Насчет новых друзей… Появлялись они на каждой новой стройке. С некоторыми так вместе и переезжали с одной на другую — как вот с Мих-Михом и Григорием Павловичем. А если оказывались на разных, то переманивали друг друга к себе, соблазняли красотой природы, потрясающей рыбалкой и охотой, обещали хлопотать — и хлопотали! — о жилье. Не было ко времени приезда готового жилья — брали к себе на квартиру, ясно, что не получая от этого дополнительных удобств. На Красноярской у них с Зоей уже двое сыновей было, когда приехал на стройку и оказался без крыши над головой Василий Сергеевич, старый дружок по Иркутской плотине. Что делать — взяли к себе, благо, только что получили трехкомнатную квартиру. Выделили гостям (детей у Василия Сергеевича тогда еще не было) лучшую комнату и зажили коммуной. И неплохо жили. Но как-то пришли мужчины с работы, а на кухне обыкновенная для коммуналки бабья ссора — просто не узнать вчерашних подружек! Спросили, в чем дело, — молчат, только каждая на своего поглядывает. Тогда Василий Сергеевич, тоже не говоря худого слова, берет свою за шиворот или, культурнее сказать, за воротничок, ведет в отведенную им на двоих комнату — и читает мораль с погремушками: «Как же ты посмела, такая-сякая, расхорошая? Люди тебя приютили, себя стеснили, а ты…» Николай Васильевич, чтобы Зоя не слушала этих речей, тоже уводит ее в комнату и тоже мораль: «Люди у тебя в гостях, они и так-то стесняются лишний раз на кухню выйти, а ты…» Приказ у обоих мужиков был одинаковый, прямо как сговорились: быстро, милые, в магазин за водкой — за ужином мириться будете! Ну и верно, вышли хозяйки на кухню к совместному ужину, и одна ставит бутылку, другая тоже. Мирились весь вечер, по-российски — с печальными и веселыми рассказами о военной и послевоенной жизни, с песнями про Ермака и про Катюшу, со слезой очистительной… И мир наступил после этого долгий, и дружба не пострадала. Ни одного праздника или семейного события одна семья без другой не отметила. Ни печали, ни радости не оставались неразделенными. Потом разъехались — один сюда, другой на Зею… А дружба — вроде как в третью сторону. То есть в первые годы, как водится, писали друг другу и не то в шутку, не то всерьез звали один другого к себе на стройку, но прошли эти первые годы, каждого захватила своя новая жизнь — и опять повторялась та же история, как с Глебом Тихомоловым…

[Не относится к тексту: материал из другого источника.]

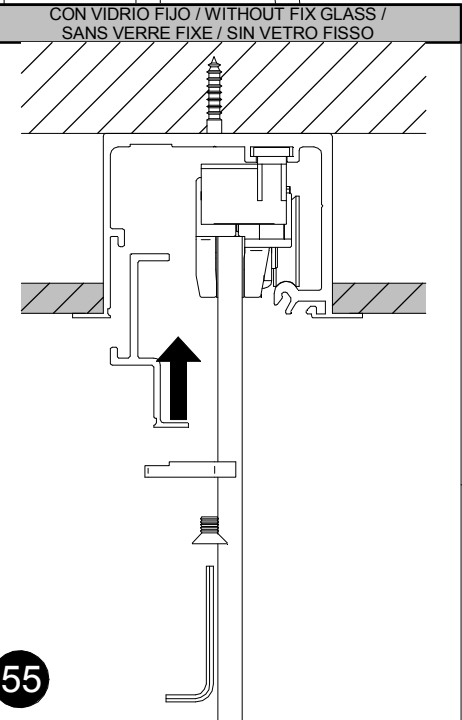

MONTAJE A FALSO TECHO / FALSE CEILING MOUNT / ASSEMBLAGE FAUX PLAFOND / MONTAGGIO A FALSO SOFFITTO

VARIANTES DE INSTALACIÓN / INSTALLATIONS VARIANTS / VARIANTES DE INSTALLATION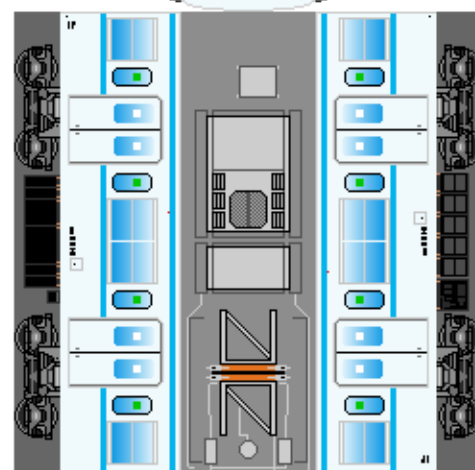

- 5両編成
①-2-3-4-5
- 7両編成
①-2-3-2-3-4-5
- 10両編成
①-6-7-8-9-
-10-2-3-4-5
①-2-3-4-5-
-①-2-3-4-5

運転台撤去車用

5両編成用

下腹ひきしめ
ベルト
下腹ひきしめ
ベルト

下腹ひきしめ
ベルト
車両のおなか
がふくらんだら
車体のうちがわ
にはってね
※パパやママ
のおなかには
つかえません

下腹ひきしめ
ベルト
下腹ひきしめ
ベルト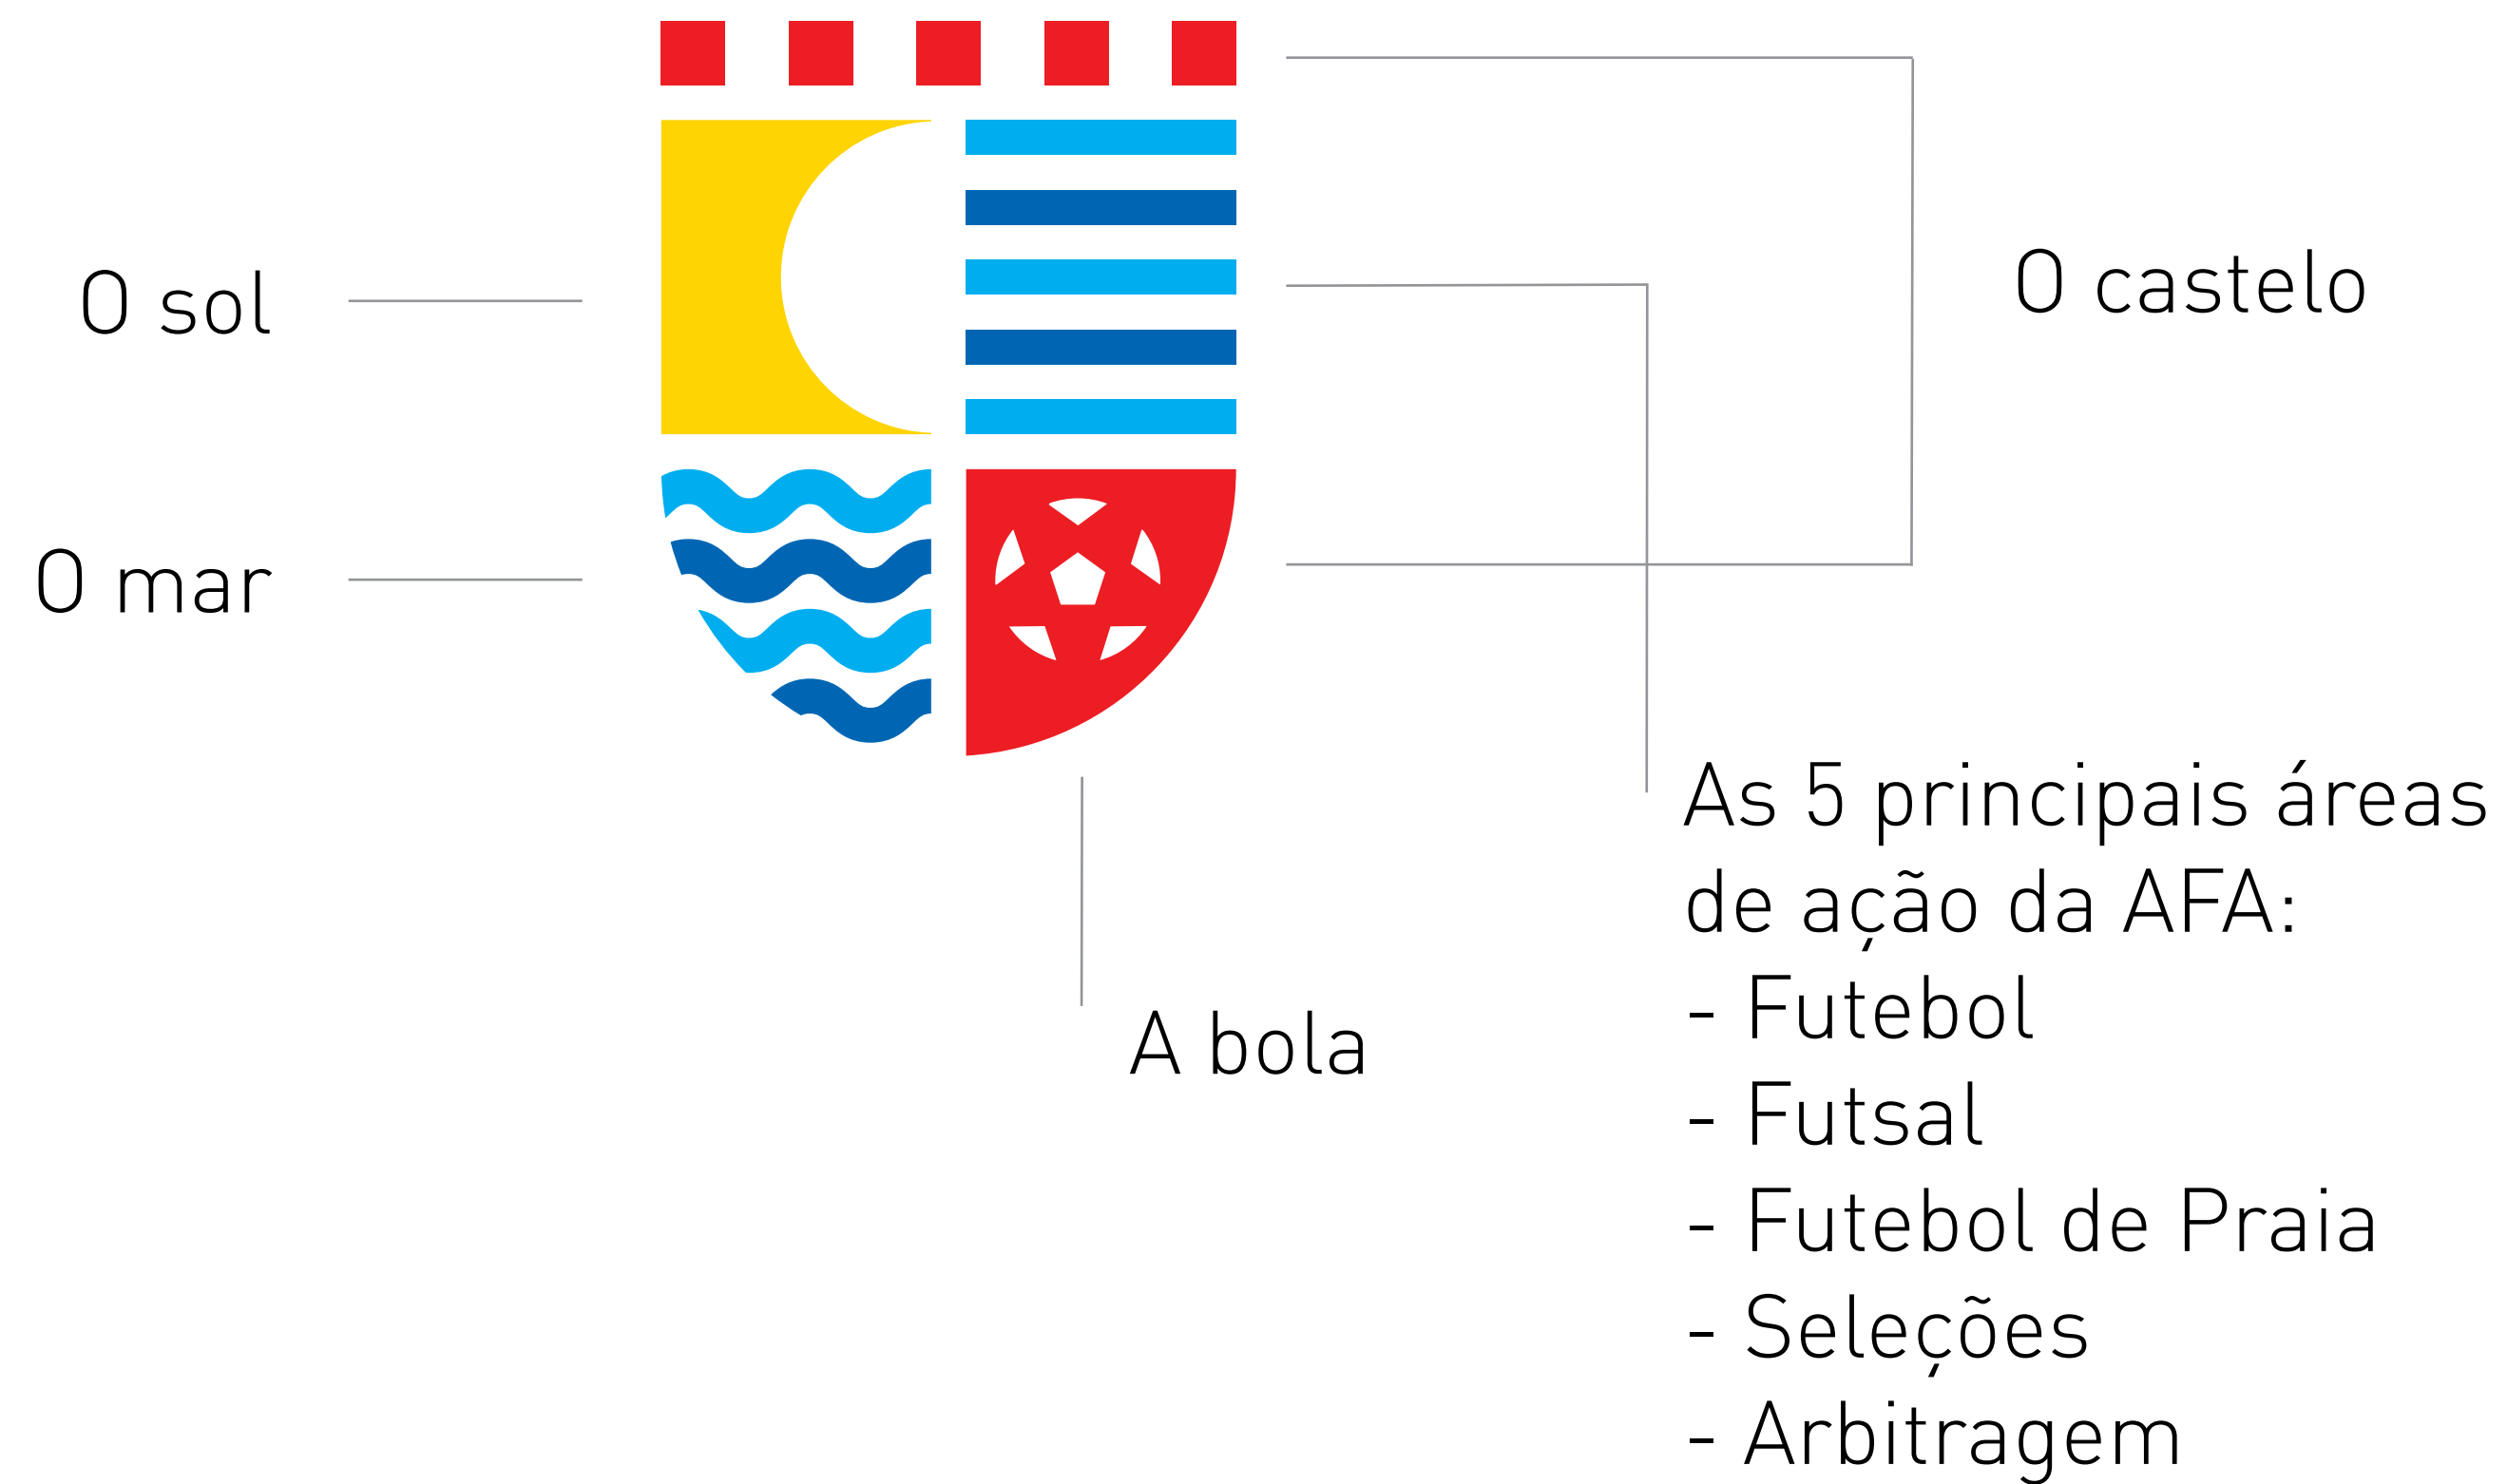

O novo símbolo é composto por uma bola e **16 elementos** gráficos, o número de concelhos que constituem a região do **Algarve**

ALGARVE
ASSOCIAÇÃO DE FUTEBOL

ALGARVE
ASSOCIAÇÃO DE FUTEBOL

ALGARVE
ASSOCIAÇÃO DE FUTEBOL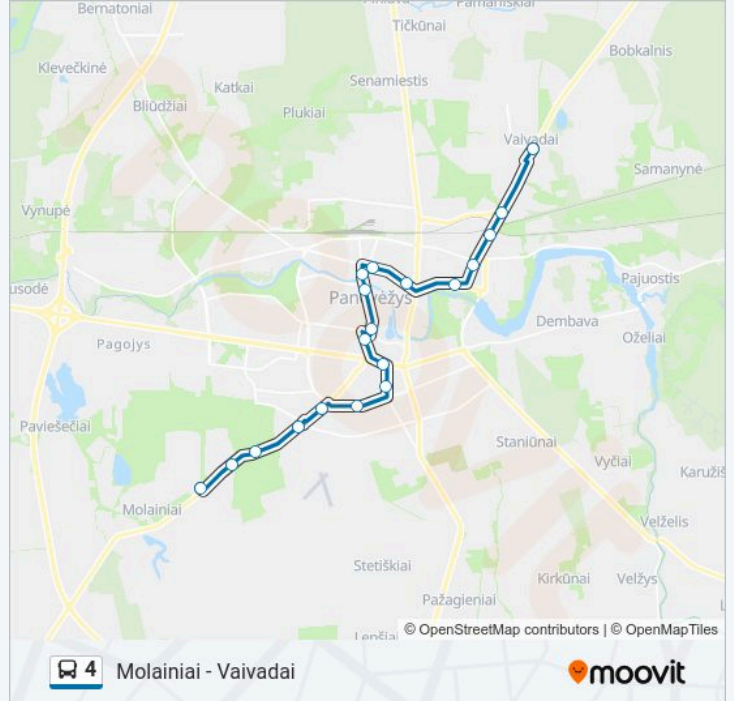

4 autobusas informacija

Kryptis: Molainiai

Stotelės: 19

Kelionės trukmė: 32 min

Maršruto apžvalga:

Kryptis: Autobusų Parkas

9 stotelė

[PERŽIŪRĖTI MARŠRUTO TVARKARAŠTĮ](#)

Николай Васильевич разгладил лежавшее на журнальном столике письмо Глеба и полюбовался им. Написано оно было на хорошей, чуть голубоватой бумаге (неужели еще с тех давних лет трофейную сохранил?), с широкими «писательскими» полями и очень ровными строчками, хотя бумага была нелинованной. И очень красивым почерком. Когда, бывало, заходила речь о будущем его писательстве, Глеб шутил: «Одно у меня сомнение: слишком почерк хороший! У всех великих почерк трудный, торопливый, а у меня — как у писаря».
Николай Васильевич начал искать в Зоиных закромах бумагу, поскольку сам уже давно не держал ее ни в тетрадках, ни отдельными листами. Сам он обходился теперь небольшой записной книжкой, чтобы заносить в нее номера и объемы забетонированных блоков и дату бетонирования. И хватает ему для всей этой обстоятельной летописи три-четыре странички на целый год.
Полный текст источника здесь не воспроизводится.